[Start of section]
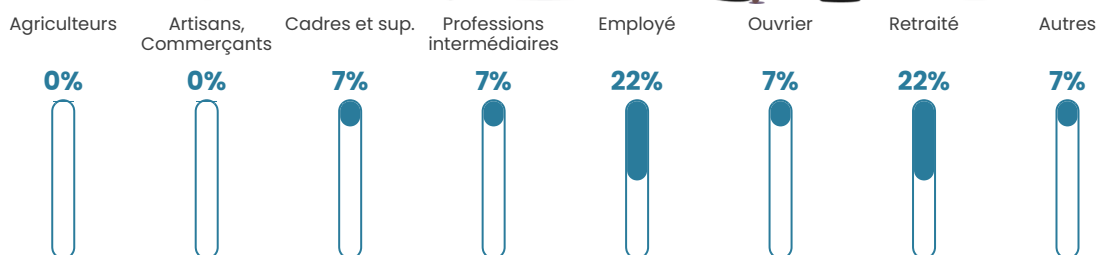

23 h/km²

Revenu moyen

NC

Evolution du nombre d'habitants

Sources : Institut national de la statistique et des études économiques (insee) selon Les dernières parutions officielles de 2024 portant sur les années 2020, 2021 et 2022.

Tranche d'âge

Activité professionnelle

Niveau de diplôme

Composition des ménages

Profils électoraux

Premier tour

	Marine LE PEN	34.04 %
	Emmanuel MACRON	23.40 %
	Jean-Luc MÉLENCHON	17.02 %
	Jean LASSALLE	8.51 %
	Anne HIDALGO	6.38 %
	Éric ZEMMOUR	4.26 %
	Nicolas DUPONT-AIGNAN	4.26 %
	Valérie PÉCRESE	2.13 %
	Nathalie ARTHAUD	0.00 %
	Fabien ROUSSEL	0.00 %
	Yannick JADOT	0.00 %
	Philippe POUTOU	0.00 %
[End of section]
* TASK ITEM *
Where does the word "Jean" appear in the material above? Copy every line that holds it.

* EXERCISE RESPONSE *
	Jean-Luc MÉLENCHON	17.02 %
	Jean LASSALLE	8.51 %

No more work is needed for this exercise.